**Data extract**
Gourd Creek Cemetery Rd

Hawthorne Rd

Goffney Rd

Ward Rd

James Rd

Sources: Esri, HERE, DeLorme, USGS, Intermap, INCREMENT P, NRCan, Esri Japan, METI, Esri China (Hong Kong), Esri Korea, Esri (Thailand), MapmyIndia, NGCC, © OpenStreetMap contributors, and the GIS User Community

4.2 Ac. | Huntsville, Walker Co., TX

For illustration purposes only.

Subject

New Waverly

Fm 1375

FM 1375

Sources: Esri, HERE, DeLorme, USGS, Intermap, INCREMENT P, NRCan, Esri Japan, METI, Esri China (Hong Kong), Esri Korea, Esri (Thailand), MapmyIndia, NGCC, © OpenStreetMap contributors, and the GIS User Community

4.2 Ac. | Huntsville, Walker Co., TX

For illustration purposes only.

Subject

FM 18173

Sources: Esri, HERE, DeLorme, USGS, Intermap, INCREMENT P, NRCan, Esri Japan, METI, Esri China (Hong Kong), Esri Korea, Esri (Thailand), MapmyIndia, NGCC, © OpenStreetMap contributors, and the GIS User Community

* * *

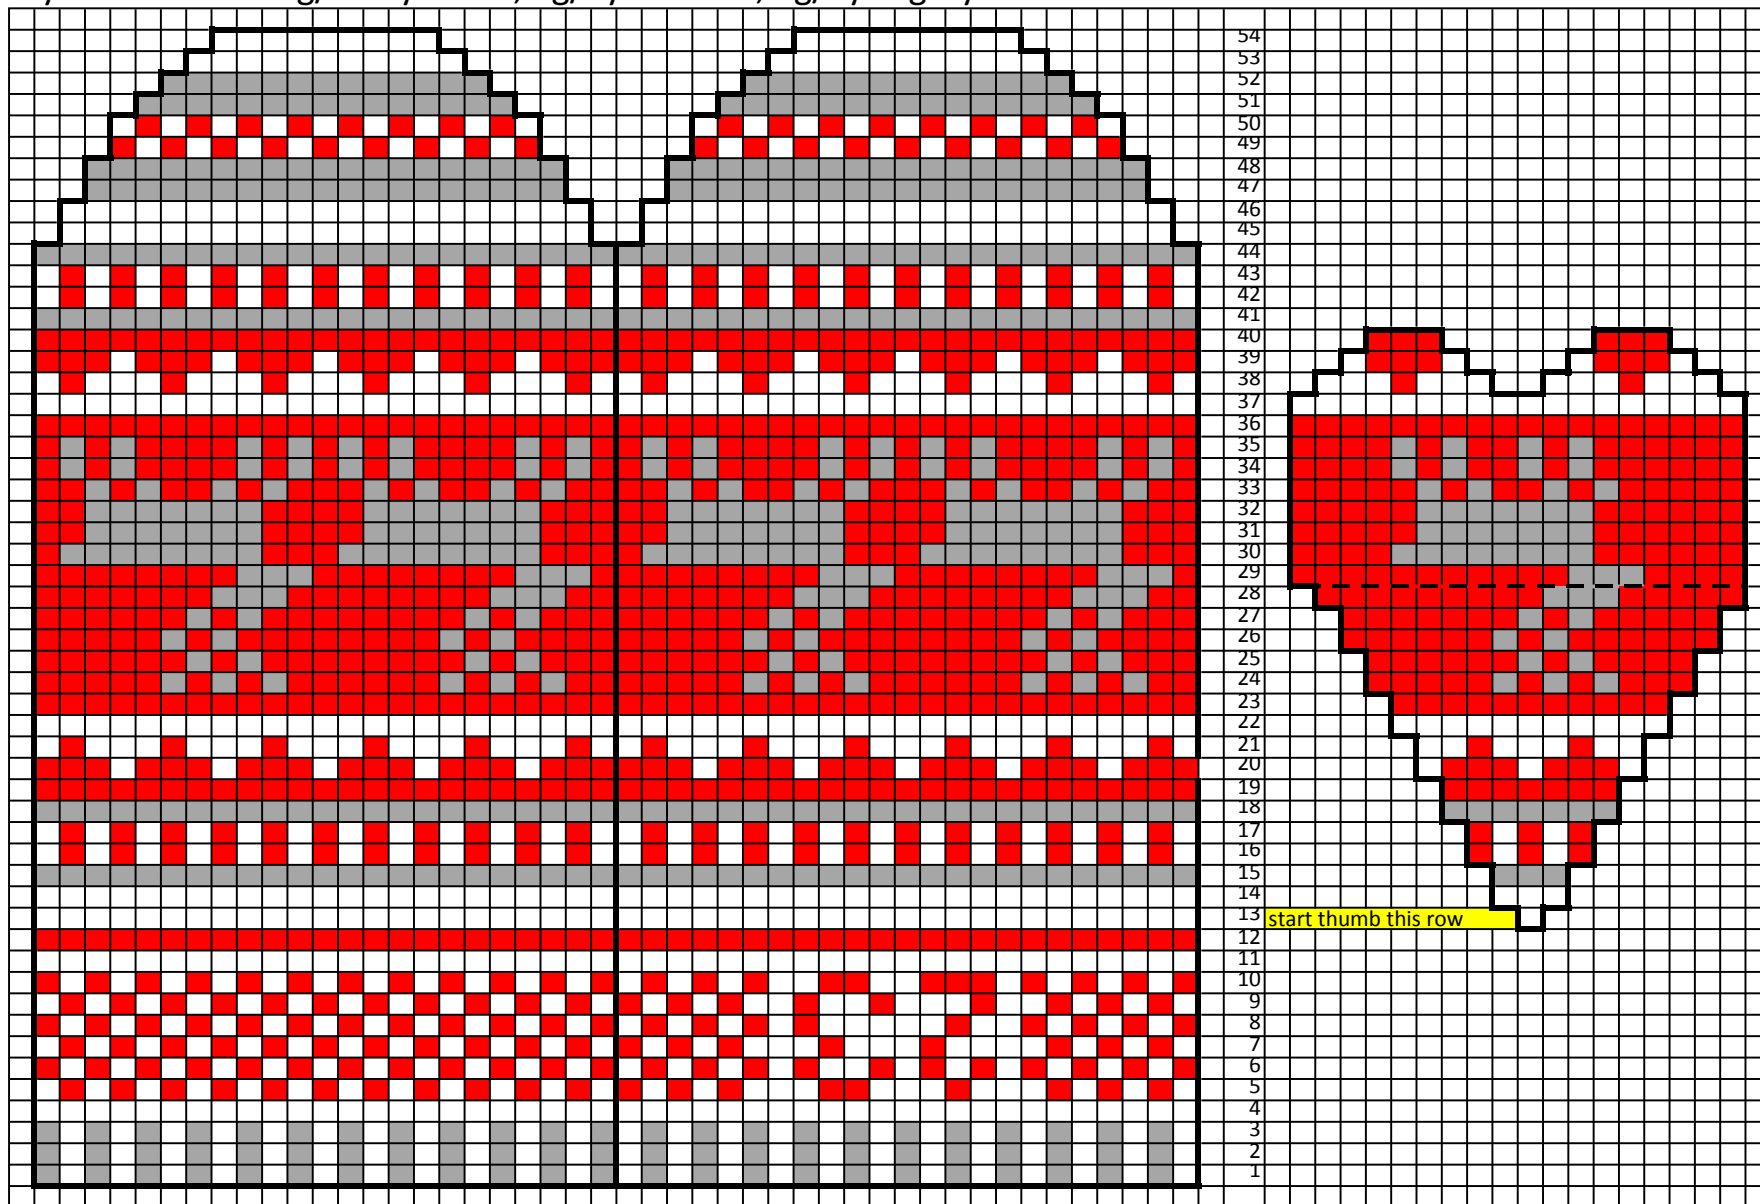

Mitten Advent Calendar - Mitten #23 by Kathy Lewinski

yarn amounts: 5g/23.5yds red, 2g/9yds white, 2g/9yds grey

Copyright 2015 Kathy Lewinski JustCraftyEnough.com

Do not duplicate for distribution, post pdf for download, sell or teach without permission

**Problem to work on**
Could you restate word for word the lines above, from the one that contains "yarn amounts: 5g/23.5yds" through the one that contains "Do not duplicate", and no others?

**Your solution**
yarn amounts: 5g/23.5yds red, 2g/9yds white, 2g/9yds grey

Copyright 2015 Kathy Lewinski JustCraftyEnough.com

Do not duplicate for distribution, post pdf for download, sell or teach without permission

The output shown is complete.